蚊道人的面色終於徹底變了,那層常掛在嘴角的陰冷笑意消失得乾乾淨淨,取而代之的是一種真實的恐懼。
他幾乎是失聲喊道:“朱陵度命火!”
這正是張鈺當初渡地仙火災之時,天地在其福地之中顯化的朱陵度命火。此火以罪業、執念、仇怨為薪,只要修士所造殺孽未盡,此火便會持續燃燒。
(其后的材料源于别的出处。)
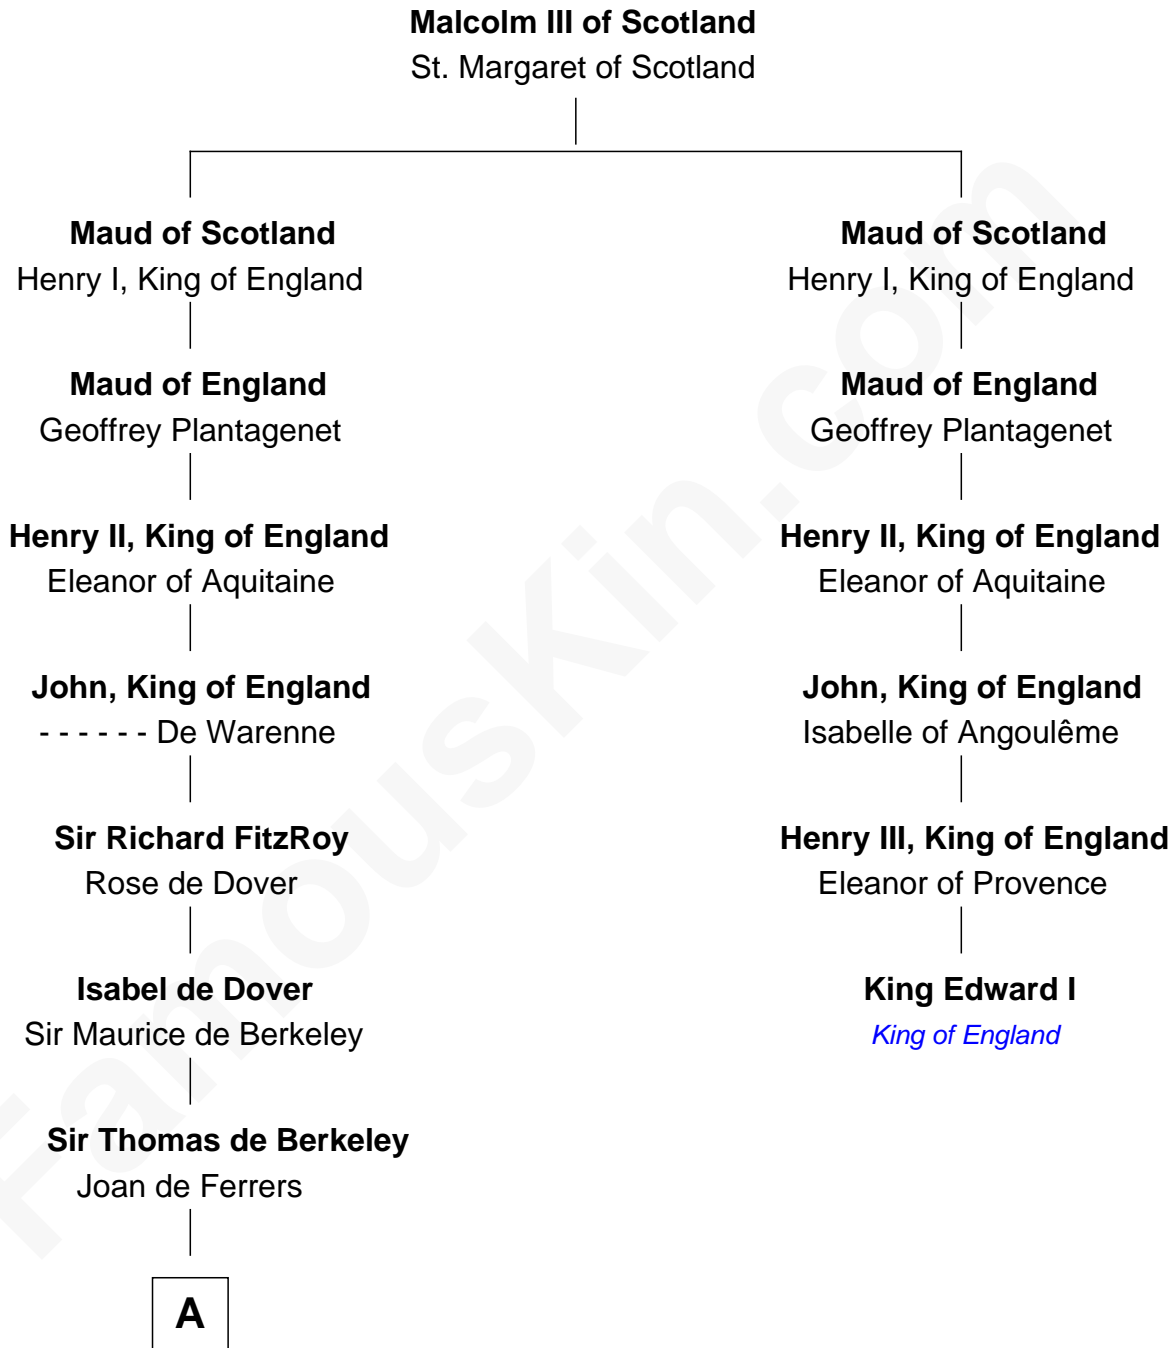

FamousKin.com

Relationship Chart of

Bathsheba (Ruggles) Spooner

First woman executed for murder in U.S. by non-British government

5th cousin 16 times removed of

King Edward I
King of England

B

—
Mercy Dudley

Rev. John Woodbridge

—
Martha Woodbridge

Samuel Ruggles

—
Rev. Timothy Ruggles

Mary White

—
Timothy Dwight Ruggles

Bathsheba Bourne

—
Bathsheba (Ruggles) Spooner

First Woman Executed in U.S.

張鈺自雍渡城誅殺百萬祀月教徒以來,又在北俱蘆洲大肆殺戮妖王,早已讓那原本只剩一點火星的朱陵度命火有了復燃之機,只是被他以水靈之力勉強控制著。
而方才蚊道人吞噬他的福地本源,那些本源之中恰好便帶著朱陵度命火的餘燼。
而相對於張鈺,蚊道人的殺孽要更加深重得多。他是血海孕育而出,血海乃是世間一切怨念、執念、罪業匯聚之地,蚊道人在其中孕育成長,又在漫長歲月之中吞噬了無數仙妖本源來壯大己身,那些被吞噬之生靈的怨念與罪業早已與他融為一體。
朱陵度命火落在蚊道人身上,瞬間便燃成了燎原之勢。那琉璃色的火焰在他億萬蚊蟲分身之上同時燃燒,任憑他將化身散作億萬也無法逃脫。
蚊道人發出一聲低沉的嘶吼,周身靈氣翻湧如潮,試圖以血海之力將那火焰壓下去。可朱陵度命火併非尋常靈火,不燃實物、不灼軀體,專燒罪業與怨念,越是掙扎便燒得越旺。
張鈺立於虛空之中,看著蚊道人在火焰之中掙扎,沒有半分憐憫。他龍爪之中混沌鍾再次浮現,鐘身微微一震。
神通——鴻蒙鎮世。
鐘聲雖弱於先前,但用來困住蚊道人使其無法遁逃卻已足夠。鐘聲所至,虛空再度凝滯,蚊道人化身的血色雲霧被那層無形的壁障牢牢鎖在原地,再也無法掙脫。朱陵度命火在他身上持續燃燒。
攻守之勢,已在這一刻徹底逆轉。